CloudBees incident

CloudBees Rollout service incident

Notice Resolved View vendor source →

CloudBees experienced a notice incident on July 15, 2020, lasting 12h 28m. The incident has been resolved; the full update timeline is below.

Started
Jul 15, 2020, 01:11 PM UTC
Resolved
Jul 16, 2020, 01:39 AM UTC
Duration
12h 28m
Detected by Pingoru
Jul 15, 2020, 01:11 PM UTC

Update timeline

  1. identified Jul 15, 2020, 11:41 AM UTC

    There is an outage with a 3rd party service. We're contacting them to see what's the situation.

  2. identified Jul 15, 2020, 12:38 PM UTC

    We have confirmed the database issue with our service provider and they are working to restore service. Service impact is that experiments can’t be updated, but existing flags are unaffected.
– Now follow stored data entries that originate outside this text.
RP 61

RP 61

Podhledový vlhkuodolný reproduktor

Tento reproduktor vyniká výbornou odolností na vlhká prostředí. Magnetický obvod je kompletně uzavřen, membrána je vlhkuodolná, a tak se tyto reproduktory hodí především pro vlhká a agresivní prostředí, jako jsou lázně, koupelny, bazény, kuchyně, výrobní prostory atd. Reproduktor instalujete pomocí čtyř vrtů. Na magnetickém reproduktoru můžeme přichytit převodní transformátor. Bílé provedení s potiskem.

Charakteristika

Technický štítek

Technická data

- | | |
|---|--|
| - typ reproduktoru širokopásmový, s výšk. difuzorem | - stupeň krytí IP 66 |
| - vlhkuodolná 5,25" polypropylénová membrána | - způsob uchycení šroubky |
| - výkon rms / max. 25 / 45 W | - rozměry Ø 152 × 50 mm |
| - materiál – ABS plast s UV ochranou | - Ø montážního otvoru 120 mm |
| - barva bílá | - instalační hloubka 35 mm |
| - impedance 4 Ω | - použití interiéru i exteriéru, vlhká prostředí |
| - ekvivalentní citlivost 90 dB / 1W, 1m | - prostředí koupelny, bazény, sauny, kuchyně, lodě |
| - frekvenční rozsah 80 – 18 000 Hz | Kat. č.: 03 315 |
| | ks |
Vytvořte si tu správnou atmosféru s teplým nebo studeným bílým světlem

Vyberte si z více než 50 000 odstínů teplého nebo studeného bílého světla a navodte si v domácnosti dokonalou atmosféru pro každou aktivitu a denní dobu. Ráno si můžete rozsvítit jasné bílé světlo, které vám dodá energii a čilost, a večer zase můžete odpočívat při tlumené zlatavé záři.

  3. identified Jul 15, 2020, 01:11 PM UTC

    Our service provider has updated us about the situation and the rough estimate for recovery is 2 to 3 hours.

  4. identified Jul 15, 2020, 02:08 PM UTC

    Our service provider announced is going to take longer to recover the system. The current rough estimate for recovery is from 5 to 9 hours.
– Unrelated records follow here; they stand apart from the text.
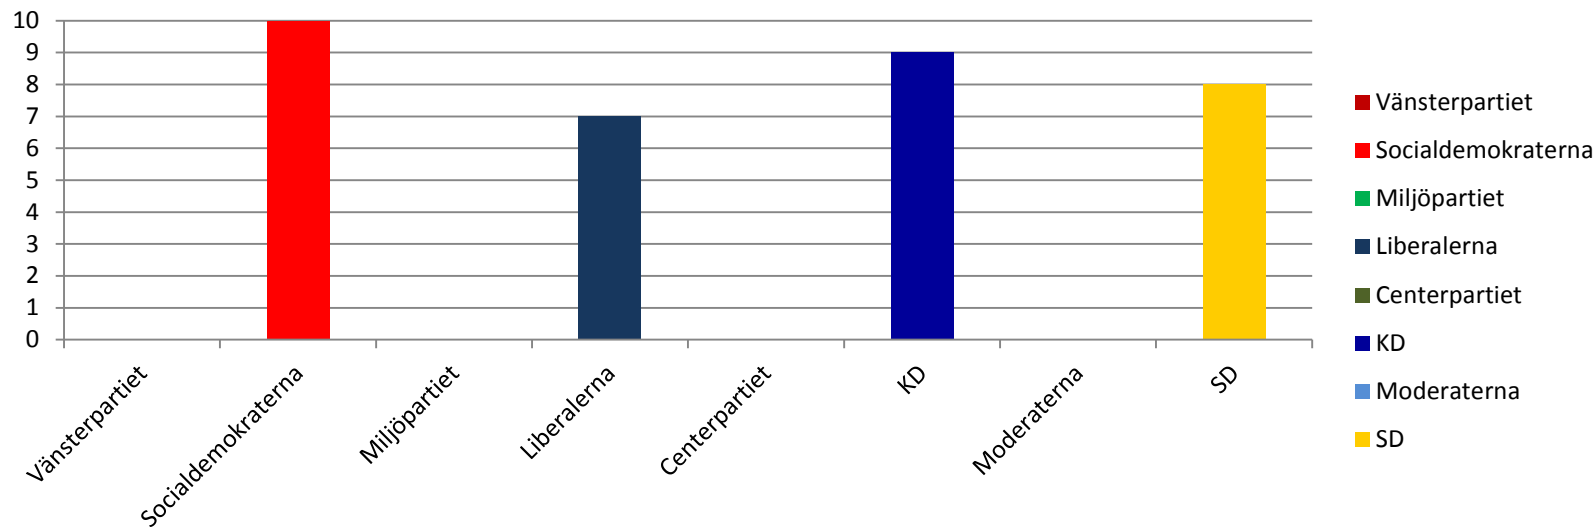

1. Vad anser ditt parti att fotbollen har för betydelse för:

Jämställdhet

Social fostran

| | |
|---------------------------|---|
| Socialdemokraterna | Socialdemokraterna i Sollentuna är stark anhängare till att det byggs fler fotbollsplaner, vi har antagit en ambitiös fotbollsplan för att få till fler spelbara anläggningar i kommunen. |
| Liberalerna | När det gäller jämställdhet så är det viktigt att klubbarna arbetar långsiktigt med denna fråga. I Sollentuna är det nästan tre gånger fler pojkar som spelar fotboll än flickor. "Social fostran" tolkar vi som sociala och moraliska värderingar och all idrott bidrar i detta arbete. Lagidrotten skapar en stark gemenskap vilken är positiv för de som deltar. |
| KD | Fotbollen stärker Sollentuna som en breddidrottskommun på ett bra sätt |
| SD | Svaren hur nivån kan vara är upp till hur ledare och klubb fungerar, och hur föräldrar är med sina barn |

  5. identified Jul 15, 2020, 04:02 PM UTC

    Monitoring https://status.compose.com/ for further updates

  6. identified Jul 15, 2020, 09:07 PM UTC

    We've recieved this message from our service provider: “At this point we are cautiously optimistic. Our engineers are close to having virtual networking up across all hosts in the cluster. So far so good. Once stable we will start bringing capsules back up.” More updates to follow.
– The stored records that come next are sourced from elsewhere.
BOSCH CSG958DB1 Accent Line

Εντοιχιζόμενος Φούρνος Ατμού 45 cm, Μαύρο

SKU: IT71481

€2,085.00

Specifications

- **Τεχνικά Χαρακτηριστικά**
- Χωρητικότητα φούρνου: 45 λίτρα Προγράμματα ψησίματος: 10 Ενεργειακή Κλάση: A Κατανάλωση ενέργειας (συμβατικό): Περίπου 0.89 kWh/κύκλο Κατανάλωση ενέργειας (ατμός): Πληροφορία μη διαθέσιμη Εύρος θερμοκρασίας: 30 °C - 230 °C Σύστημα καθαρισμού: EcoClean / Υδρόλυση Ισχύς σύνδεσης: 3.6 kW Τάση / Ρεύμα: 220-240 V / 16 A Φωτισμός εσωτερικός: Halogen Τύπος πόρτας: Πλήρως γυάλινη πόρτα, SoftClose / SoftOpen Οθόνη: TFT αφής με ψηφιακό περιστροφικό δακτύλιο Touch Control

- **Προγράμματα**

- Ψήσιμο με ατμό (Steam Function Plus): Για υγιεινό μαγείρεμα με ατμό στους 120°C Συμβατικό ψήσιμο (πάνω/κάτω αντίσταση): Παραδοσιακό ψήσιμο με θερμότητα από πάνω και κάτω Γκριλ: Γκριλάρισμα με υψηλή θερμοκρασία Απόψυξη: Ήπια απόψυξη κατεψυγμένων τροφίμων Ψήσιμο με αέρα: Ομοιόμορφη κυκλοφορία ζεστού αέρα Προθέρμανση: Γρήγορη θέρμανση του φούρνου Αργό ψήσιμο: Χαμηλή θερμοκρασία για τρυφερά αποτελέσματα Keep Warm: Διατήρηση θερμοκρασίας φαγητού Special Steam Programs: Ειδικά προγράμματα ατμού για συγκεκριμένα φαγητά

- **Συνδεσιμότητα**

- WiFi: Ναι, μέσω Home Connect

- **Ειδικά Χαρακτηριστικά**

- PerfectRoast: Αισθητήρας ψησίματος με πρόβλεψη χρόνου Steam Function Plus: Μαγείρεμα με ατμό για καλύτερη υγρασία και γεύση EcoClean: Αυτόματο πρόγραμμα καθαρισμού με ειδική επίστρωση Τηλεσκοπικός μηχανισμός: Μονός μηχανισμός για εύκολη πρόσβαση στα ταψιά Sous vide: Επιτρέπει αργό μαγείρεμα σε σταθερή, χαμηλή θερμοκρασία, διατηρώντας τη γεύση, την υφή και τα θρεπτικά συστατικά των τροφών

  7. identified Jul 15, 2020, 10:42 PM UTC

    IBM Compose update - "Virtual networking is up across all hosts in the cluster and the situation appears to be stable. We are slowly starting data/member capsules. Once those are up, we will start portals which will restore customer access" In parallel - CloudBees engineering teams are now working to restore the database service to our own infrastructure - with a view to failing over if Compose is not able to restore access in a timely manner.

  8. identified Jul 16, 2020, 12:05 AM UTC

    Our Engineering Team has been successfully restored the database but still not 100% operational. More updates to follow.

  9. monitoring Jul 16, 2020, 12:40 AM UTC

    Apart from Impression analytics - which is currently not working - the service is back to operational. We're monitoring the situation.

  10. monitoring Jul 16, 2020, 01:18 AM UTC

    The Rollout core service (API/login/web) outage has been resolved and these services are now fully operational. However, Impression Analytics are not currently available, the engineering team are working to resolve this issue. We will continue to provide service updates on the status of Impression Analytics until the issue is resolved.

  11. resolved Jul 16, 2020, 01:39 AM UTC

    All CloudBees Rollout (Feature Flags) services are now fully operational. We have not identified any data-loss or security impact from this outage. An outage post-mortem and corrective actions will be performed in due course. Thank you for your patience.